So the everyday loop is just: /catch-up when you sit down at the other machine, /wrap-up when you're done. Give Google's app a moment to finish syncing between the two.

Surfaces

  • CLI: memhub sync enable | disable | status | snapshot | check | adopt | commit
  • MCP (agent-first): memhub.sync_status, memhub.sync_snapshot, memhub.sync_check, memhub.sync_commit, memhub.sync_adopt — all default to the canonical path; sync_adopt is gated (without confirm=true it returns the would-change verdict and changes nothing)
  • Skills: /catch-up (pull) and the push tail of /wrap-up

Sync state ([sync] config and the per-machine baseline marker) is local to each machine and is not part of memhub export — it's wiring, not memory.


How it works


how hybrid recall works

1. The store (SQL)

Everything lands in a SQLite database at .memhub/project.sqlite. Facts, decisions, tasks, session notes — all structured rows with full-text search indexes (FTS5) built in, plus timestamps and source attribution on every write.

SQLite means no server, no setup, and the whole thing is just a file you can inspect, back up, or export whenever you want. Migrations apply automatically on startup; you never need to think about schema versions.

2. The semantic layer (RAG)

Keyword search is great when you remember the exact term you used. Less great three months in when you're asking about "compile settings" and the relevant fact is filed under release_build.

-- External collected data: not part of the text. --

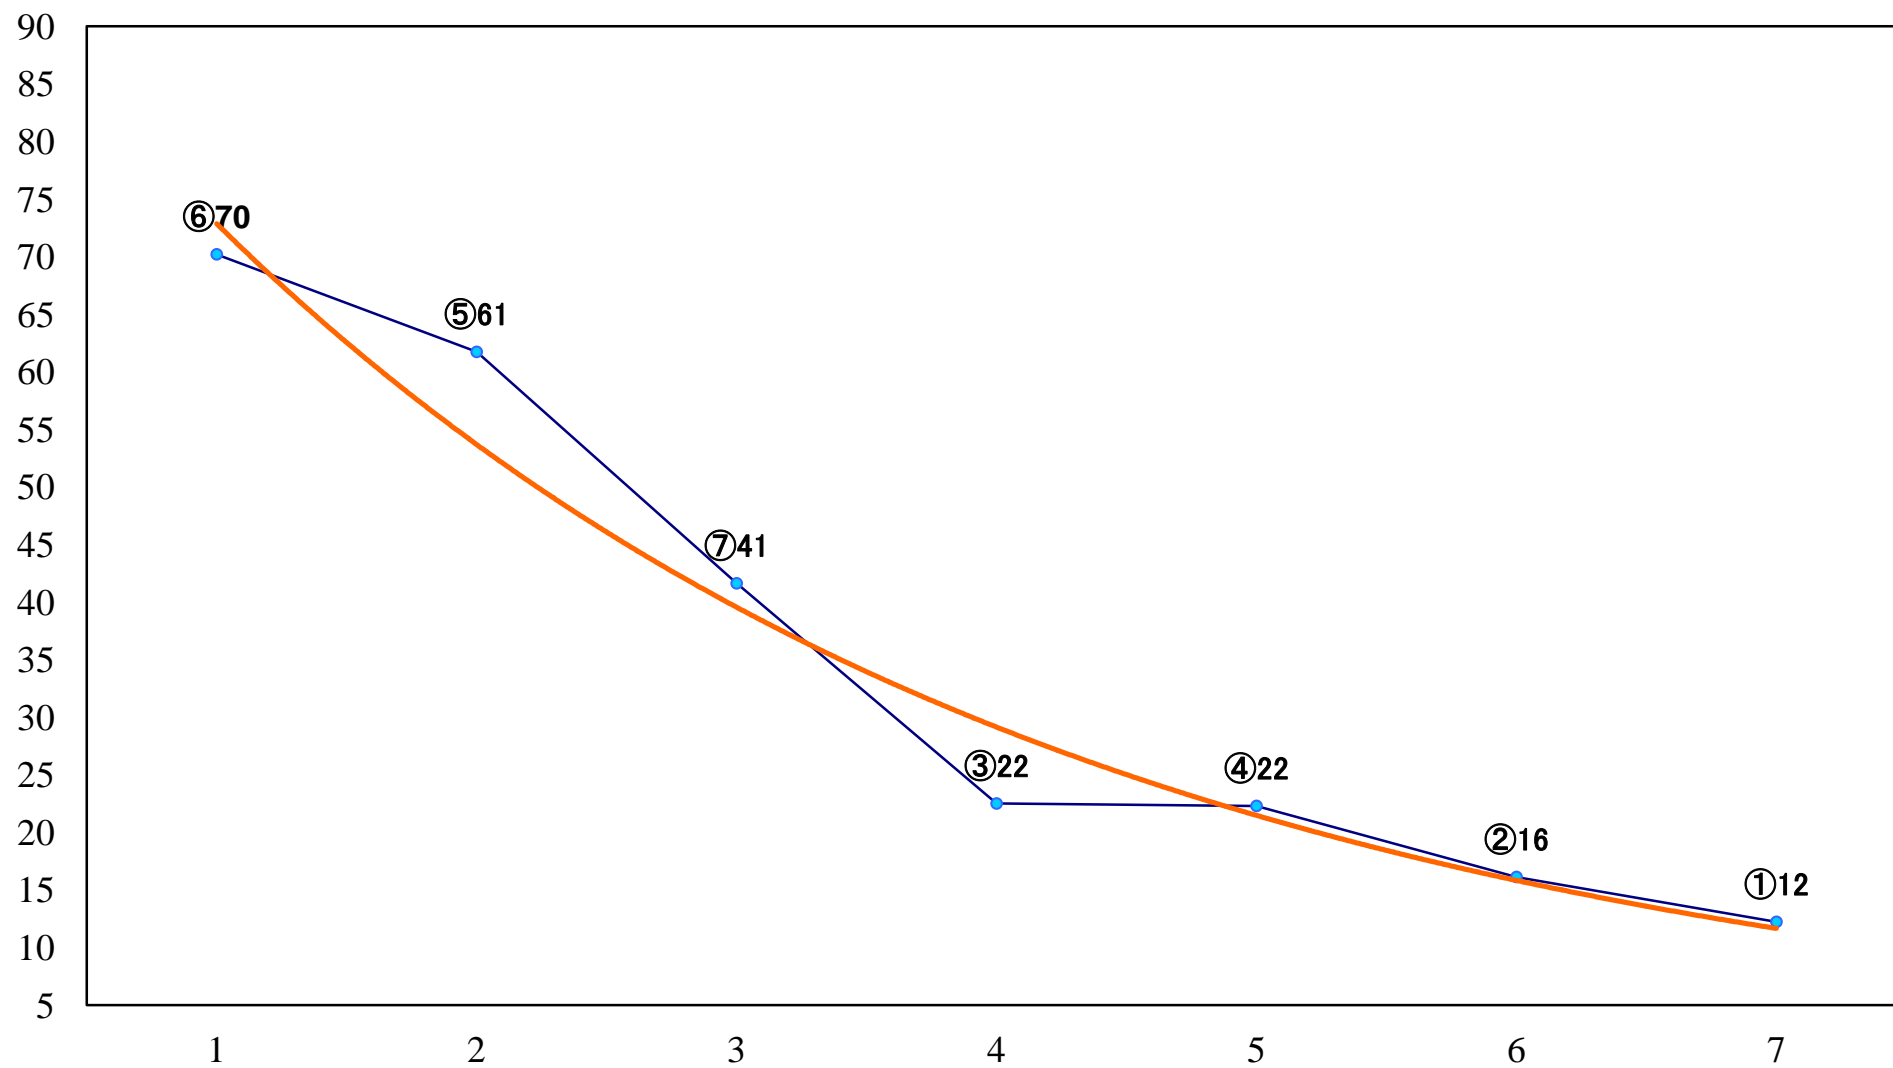

2021年06月23日(水) 船橋競馬 1R 15:00
3歳七組下選抜馬 左1500mm

2021年06月23日(水) 船橋競馬 2R 15:30
C3二 三 左1200mm

2021年06月23日(水) 船橋競馬 3R 16:00
C3選抜馬 左1200mm

2021年06月23日(水) 船橋競馬 4R 16:30
紅花特別2歳一 左1200mm

2021年06月23日(水) 船橋競馬 5R 17:00
C3二 三 左1500mm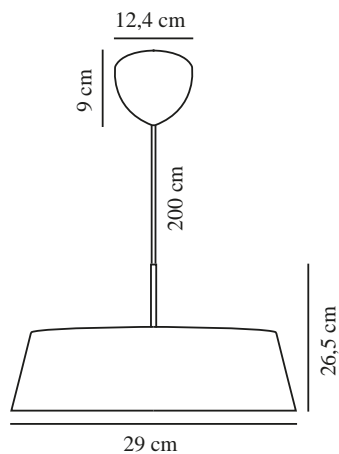

CLASI 45 | PENDEL | SORT

2312623003

nordlux®

Spænding (V): 220-240 Volt
IP-vurdering: IP20
Maksimal pæreeffekt (W): 3x15W
Klasse (klasse 1, klasse 2, klasse 3): Klasse 2 (Dobbelt isoleret)
Pærefatning: E14
Parallelforbindelse: False

Primært materiale: Metal
Sekundært materiale: Plast
Ledningens farve: Sort
Ledningens længde (cm): 200
Ledningens overflademateriale:
Tekstil
Kan ledningen udskiftes?: False

Farve: Sort
Højde (cm): 26.5
Bredde (cm): 45
Rørdiameter (cm): 1.35
Skærm diameter (cm): 45

EAN-nummer: 5704924015939
TUN: 2326279
Varenummer: 2312623003

Stk. pr. master-kasse: 2
Salgskasse, højde (cm): 16.5
Salgskasse, bredde (cm): 48.5
Salgskasse, dybde (cm): 48.5
Salgskasse, volumen (m³): 0.0388
Nettovægt af produkt (kg): 4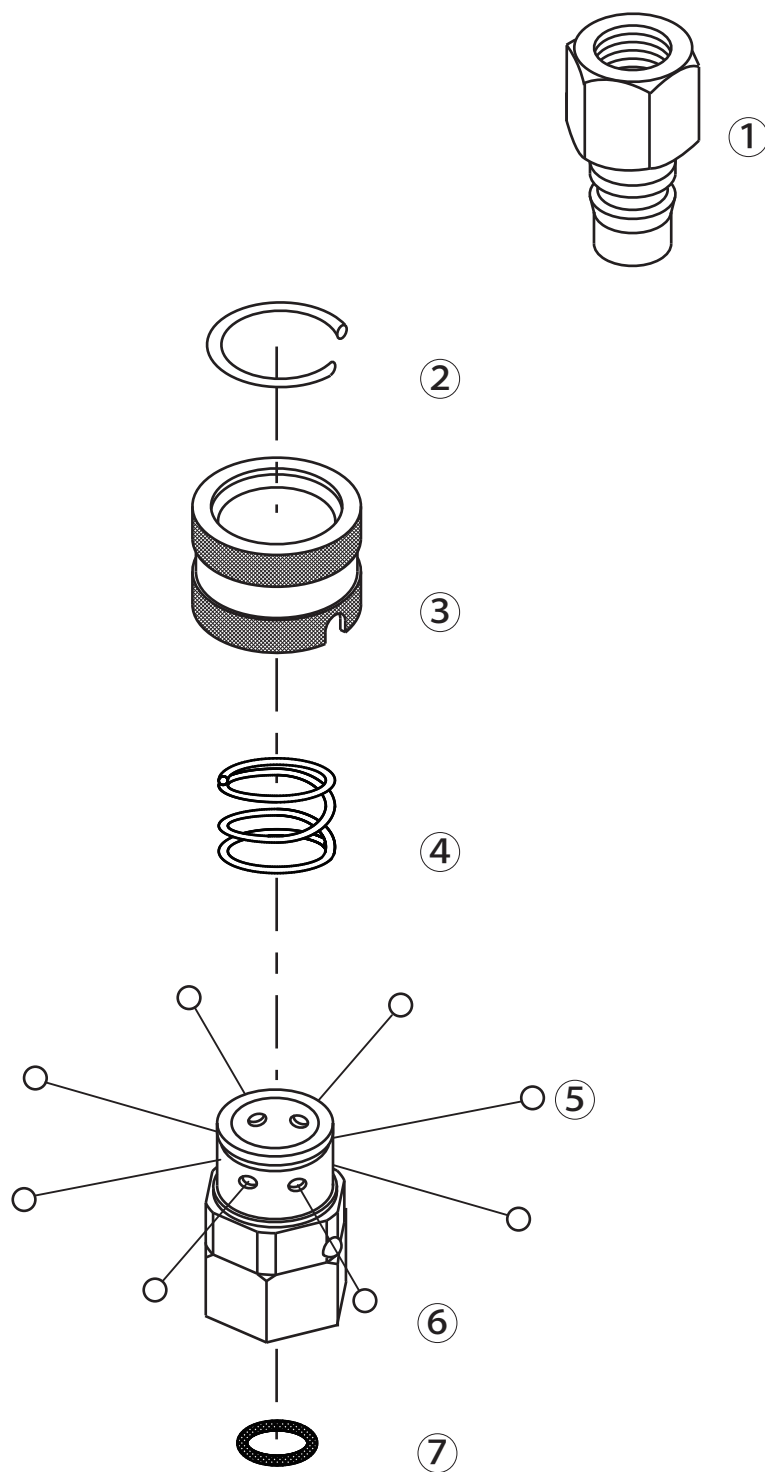

## 高圧カプラー 1/2F SxFP

7126000

No.	コード番号	部品名称	個数	備考	No.	コード番号	部品名称	個数	備考
1	7109600	プラグメス	1		5	7125004	ボール	8	3/16 SUS440C
2	7125001	止め輪	1		6・7	7126001	ソケットメス	1	Oリング付
3	7125002	スライドリング	1		7	3101800	Oリング	1	1516-14
4	7125003	スプリング	1

memhub ships with a bundled embedding model (BGE-small-en-v1.5, ~130 MB, compiled into the binary at build time). Every fact and decision you write also gets embedded as a vector. When you recall something, memhub runs both a keyword search and a semantic similarity search in parallel, blends the scores, then runs a cross-encoder re-ranker over the top candidates — all locally, no network call.

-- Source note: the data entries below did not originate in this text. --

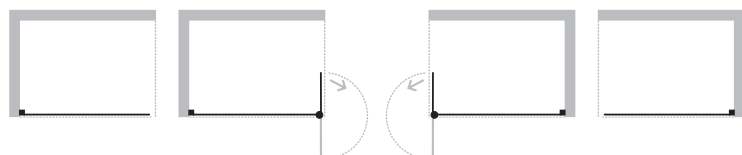

Pravá/Levá
varianta
180°

ČERNÁ
KOUPELNA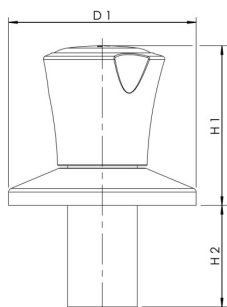

### Productkenmerken

- verchromde bedieningsgreep van zink
- voor afsluiter-watermeter-combinatie RG120 figuur 854 02/05/07 en figuur 855 47 en voor afsluiter-watermeter-montageblok ECO-DUO figuur 853 07
- met verchromde opnamehuls
- verchromde schuifrozet
- eenvoudige montage door 90°-draaiing
- incl. rood en blauw markeerplaatje

Bestelnr.	voor DN	D1 (mm)	H1 (mm)	H2 (mm)	Gewicht (kg)
5961102000	20	70	60	38	0,31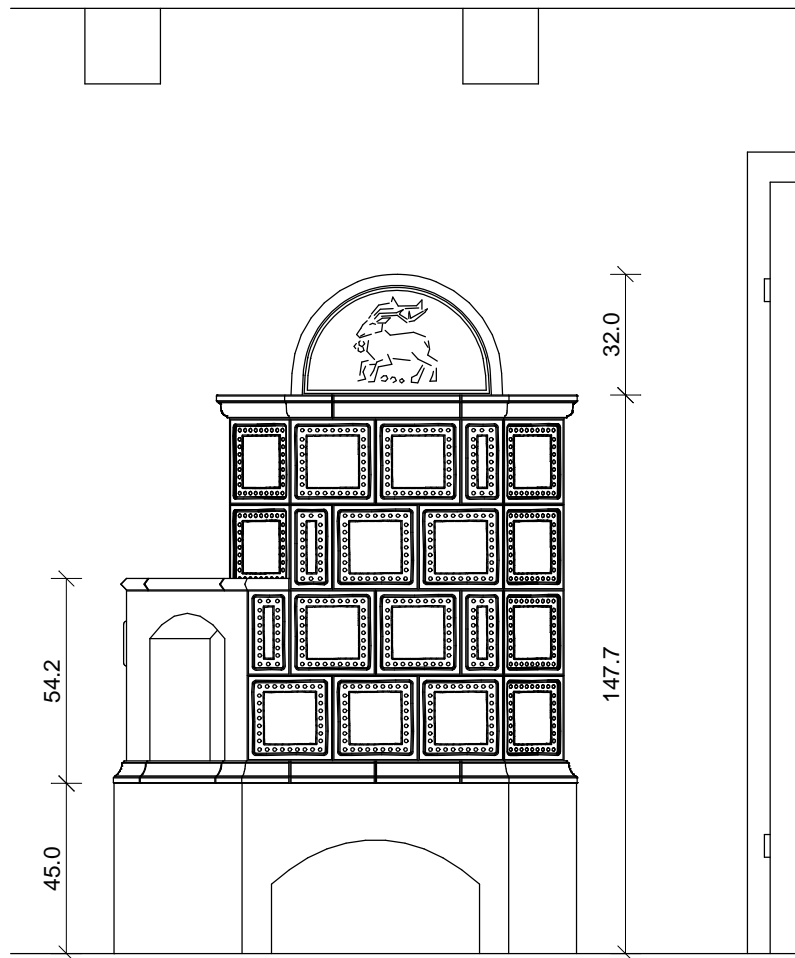

Foto Nr.: 1942

Die Glasurauswahl nehmen Sie bitte gemäß unseren aktuell gültigen Glasurmustern vor.

Kunde	Zeichnung Nr.	5608	<p>Sommerhuber GmbH, Resthofstraße 69, A-4400 Steyr Tel. Nr. +43/7252/893 - 0 Fax Nr. +43/7252/893 - 410</p>	
Keramik	082 Renaissance-Kachel/ 173 Plattsims			Maßstab
Technik				

Alle Maßangaben sind Zirkwerte aufgrund Toleranzen des keramischen Materials und unterschiedlicher Fugenbreite.
 Diese Zeichnung ist eine unverbindliche gestalterische Planung, für die wir keinerlei Haftung übernehmen. Die korrekte technische Realisierung obliegt dem verantwortlichen Bauausführenden.
 Diese Zeichnung ist unser geistiges Eigentum und darf lt. Gesetz (BGBl417/1920) ohne unsere Zustimmung weder an dritte Personen ausgefolgt, noch mißbräuchlich verwendet oder vervielfältigt werden.

The result is a ranked, cited evidence bundle. You get title, body, score, source, and a staleness flag for every hit — plus a scope tag (repo or global) when the optional machine-wide store is enabled. The agent gets crisp context; you keep a record of where it came from.

3. The agent bridge (MCP + skills)

memhub speaks MCP (Model Context Protocol), the standard tool-call interface that Claude Code, Codex, and OpenCode use. When the agent needs context, it calls memhub.recall — a structured tool call, not a file read. It gets back a ranked bundle, not a wall of markdown.

When the agent wants to write something, it calls propose_fact or propose_decision. The proposal lands in pending_writes — a staging area — and waits until you review it. Nothing an agent proposes becomes durable fact until you've said yes.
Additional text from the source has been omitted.